For homeowners and other potential itemizers

Many taxpayers haven’t been deducting mortgage interest, charitable contributions, and other itemized deductions due to the effect of the $10,000 cap on state and local taxes (SALT) passed under the Tax Cuts and Jobs Act, P.L. 115-97, which made itemizing less advantageous. But H.R. 1’s temporary increase of the cap to $40,000 (phasing down to $10,000 for modified adjusted gross income (AGI) over $500,000) from 2025 through 2029 warrants a conversation, particularly around timing for certain deductions in 2025 versus 2026–2029.

Some additional provisions of H.R. 1 provide further reasons for having this conversation. Starting in 2026, itemized charitable deductions will be subject to a 0.5% floor: The amount of a taxpayer’s deductible charitable contributions for a tax year will be reduced by 0.5% of the taxpayer’s contribution base (generally, their AGI) for the tax year. Further, the law adds a cap on the amount of all itemized deductions for people in the highest (37%) tax bracket starting in 2026. These new rules may prompt some clients to accelerate charitable contributions into 2025 to realize the full value of the contribution.

In addition, all taxpayers will be able to deduct up to $1,000 in cash donations ($2,000 for joint filers) to qualified charitable organizations starting in 2026, even if they don’t itemize. (For more on these rules, see “Tax Provisions in the One Big Beautiful Bill Act,” JofA, July 7, 2025.)

Taking all of this together, for clients who have charitable intent and flexibility on when and how much they give, some planning may be in line for the next couple of years to realize the full tax benefit of their generosity. If nothing else, advising clients to return to more diligent tracking of noncash contributions, such as donations of clothing and household goods to charitable resale shops, may help them realize a larger deduction through itemizing if they were previously limited by the effect of the SALT cap.
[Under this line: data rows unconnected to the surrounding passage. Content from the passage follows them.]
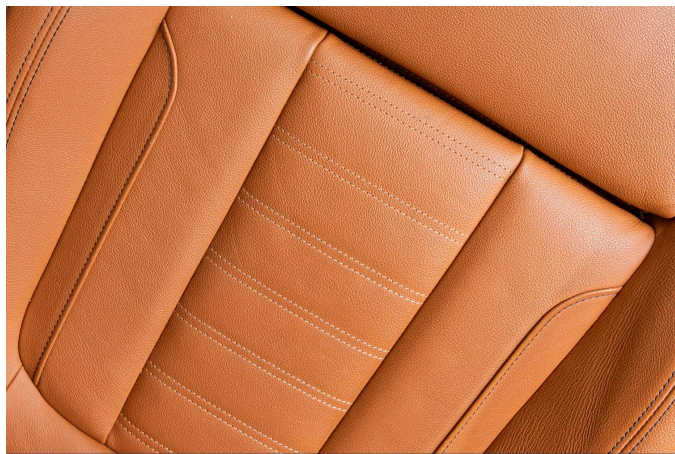

---

invelt Praha | Jeremiášova 1127/5 155 00 | Praha 5 - Stodůlky

invelt Plzeň | Rokycanská 111 312 00 | Plzeň

Motorrad Centrum invelt | Rokycanská 111 312 00 | Plzeň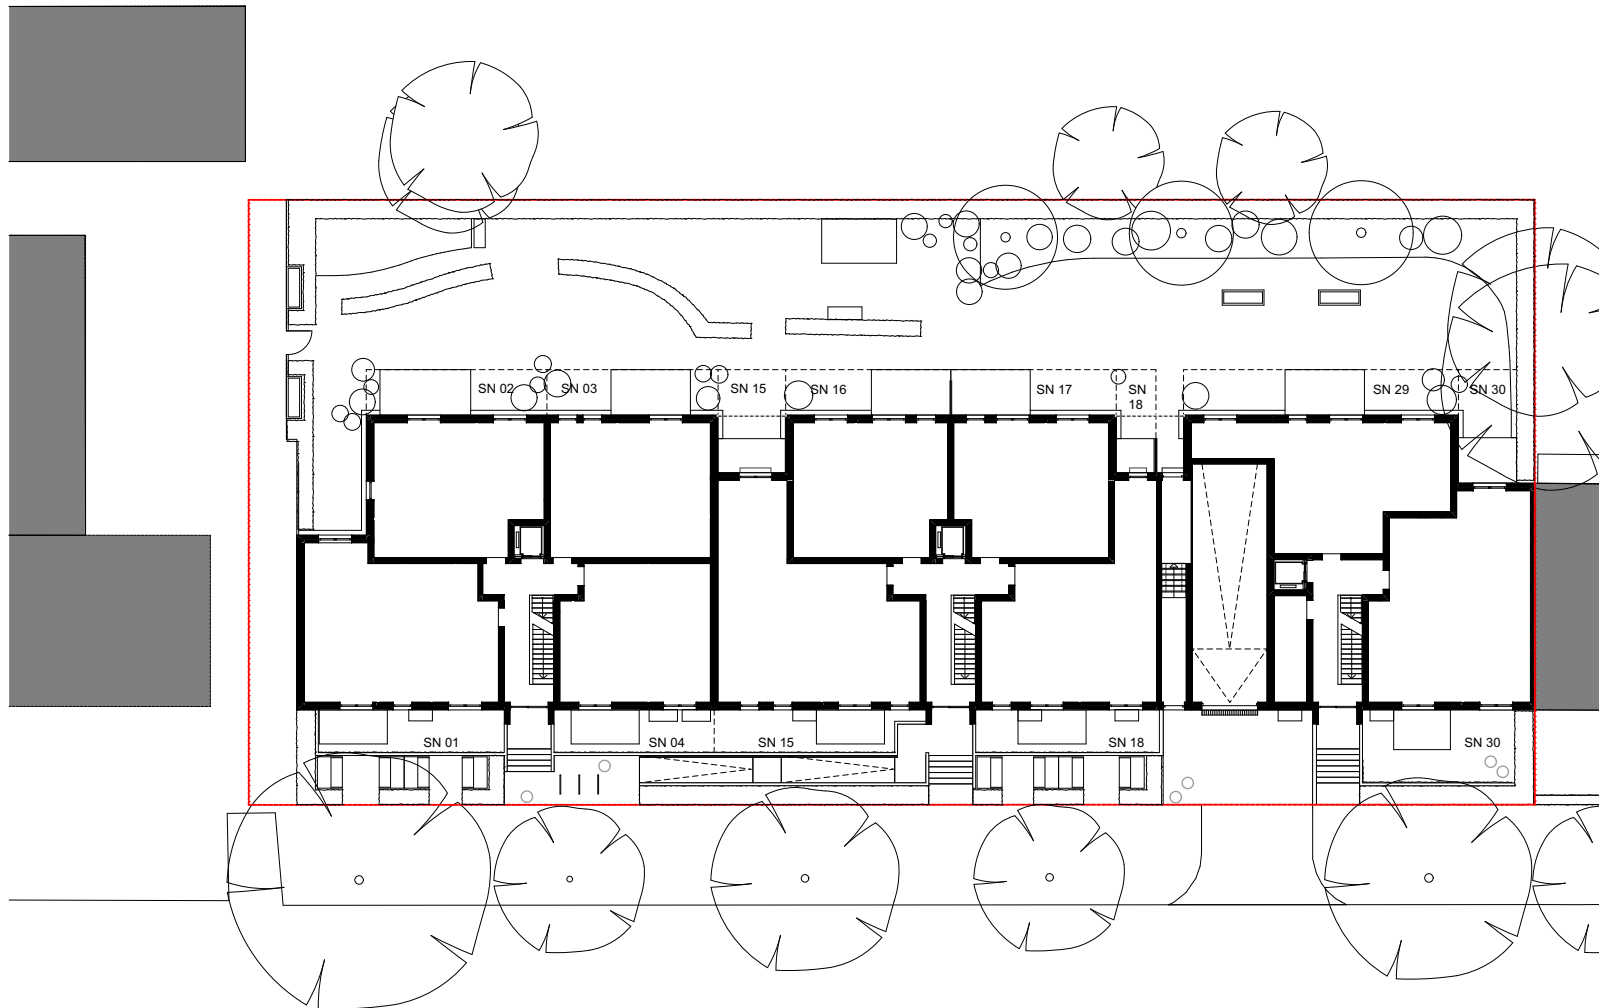

FUHLSBÜTTEL 339

DESTINATION Zuhause

339**Alsterkrugchaussee**

HAUS	Etage	Zimmer	Wohninheit
2	3	5	28

Haus 1 Haus 2 Haus 3

FLÄCHEN

Wohnen		20,46
Küche		19,51
Schlafen		16,38
Zimmer 2		15,49
Zimmer 1		15,12
Flur		12,93
Zimmer 3		11,83
Bad		6,32
Duschbad		3,59
Abstell		1,42
Balkon	zu 1/2	2,92
Dachterrasse	zu 1/4	4,98
		130,95 m²

Index 339_1

LEGENDE

- Decke abgehängt
- über dem Betrachter befindliche Bauteile
- Bodenbeläge innerhalb der Wohnung:

 Fliesen	 Parkett
---	---

339**Alsterkrugchaussee****LEGENDE**

Grundstücksgrenze	-----
Grenze Sondernutzung	-----
Böschung	
Bestandsbaum	○
Baumpflanzung	○
Solitärsträucher	○
TG-Lüftung	□
Sondernutzungsrecht	SN
Eingang	▲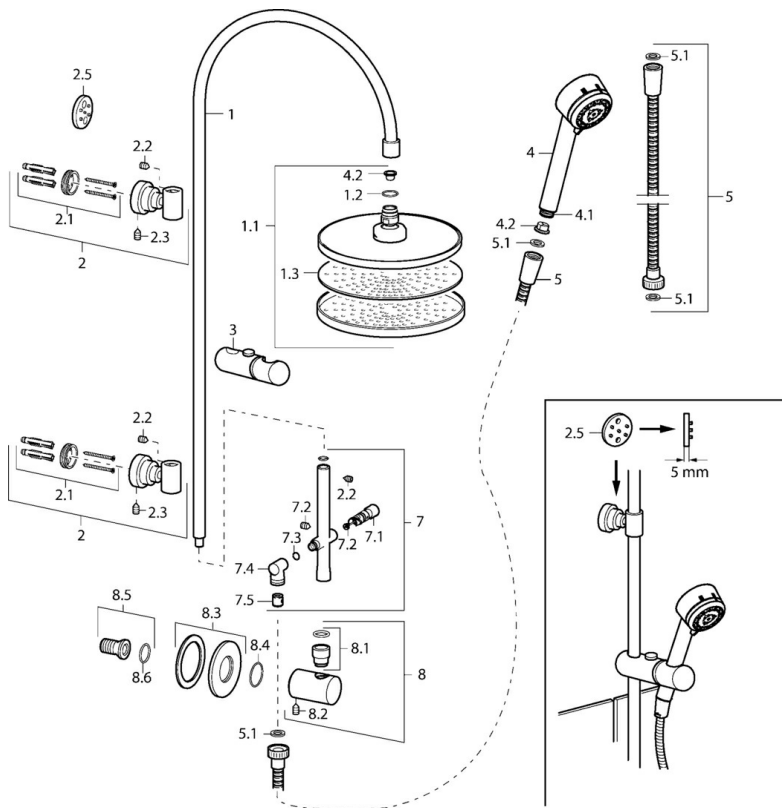

EAN: 4015474118294
static.hansa.com/51660100

- Douche oplossingen
- Wandmontage
- Chroom
- Terugslagklep

Technische gegevens

Technische eigenschappen

Warmwatertoevoer	max. +65°C
Werkdruk	0.5-10 bar
Terugstroom beveiliging (EN1717)	EB

Reserveonderdelen

SP51660100

Naam	Code
1 Glijstang, d 18 mm Chrom Stopgezet	59913029
1.1 Hoofddouche, d 220 mm Chrom	59912432
1.2 O-ring, 20x2	59912435
1.3 Sproeikop, (-2013)	59912908
2 Muurhaak Chrom	59913028
2.1 Bevestigingsset Stopgezet	59913021
2.2 Schroef, M4x4	59901027
2.3 Schroef, M5x8, SW2.5	59904755
2.5 Afstandhouder ring Chrom Stopgezet	59913022
3 Schuifstuk, d 18 mm Chrom	59912781
4 Handdouche Chrom Stopgezet	51170200
4.1 Koppelstuk flexibel, G1/2 Stopgezet	59912237
4.2 Filter sproeier	59906859
5 Doucheslang, L=1250 Chrom	04120400
5.1 Afdichtring, d 21x12x2	59912304
7 Diverter body	59913030
7.1 Omsteller	59913025
7.2 Onderhoud set	59913027
7.3 O-ring, 9.5x1.5 Stopgezet	59913026
7.4 Verbindingsstuk Stopgezet	59913023
7.5 Terugslagklep	59905714
8 Aansluitstuk Stopgezet	59913031
8.1 Aansluitnippel, d 18 mm, M18x1 Stopgezet	59913032
8.2 Schroef, M6x9 Stopgezet	59911237
8.3 Afdekplaat Chrom Stopgezet	59912134
8.4 O-ring, 34x2	59912533
8.5 Aansluitnippel, G1/2	59911229
8.6 O-ring, d 25x2.5	59905053

Additionally, clients can be advised to clean out their closets and make one-time gifts to their favorite nonprofits by the end of 2025 to obtain the full benefit of the deduction rather than losing part of the benefit if the gifts are made in 2026.

For new car purchases

For taxpayers who are already planning on purchasing a new car, the ability to deduct up to $10,000 in interest annually in tax years 2025–2028 in certain circumstances may influence their choice of vehicle and financing decisions. H.R. 1 allows the deduction whether or not the person itemizes deductions, but the loan must be secured by the purchase of a new vehicle (used cars don’t apply), for personal use only, that underwent final assembly in the United States, among other requirements. The deduction also phases out for taxpayers with $100,000 or more of modified AGI ($200,000 for joint filers).

The vehicle must be a car, minivan, van, SUV, pickup truck, or motorcycle with a gross vehicle weight rating of less than 14,000 pounds. The loan must have originated after Dec. 31, 2024. Lease payments do not qualify.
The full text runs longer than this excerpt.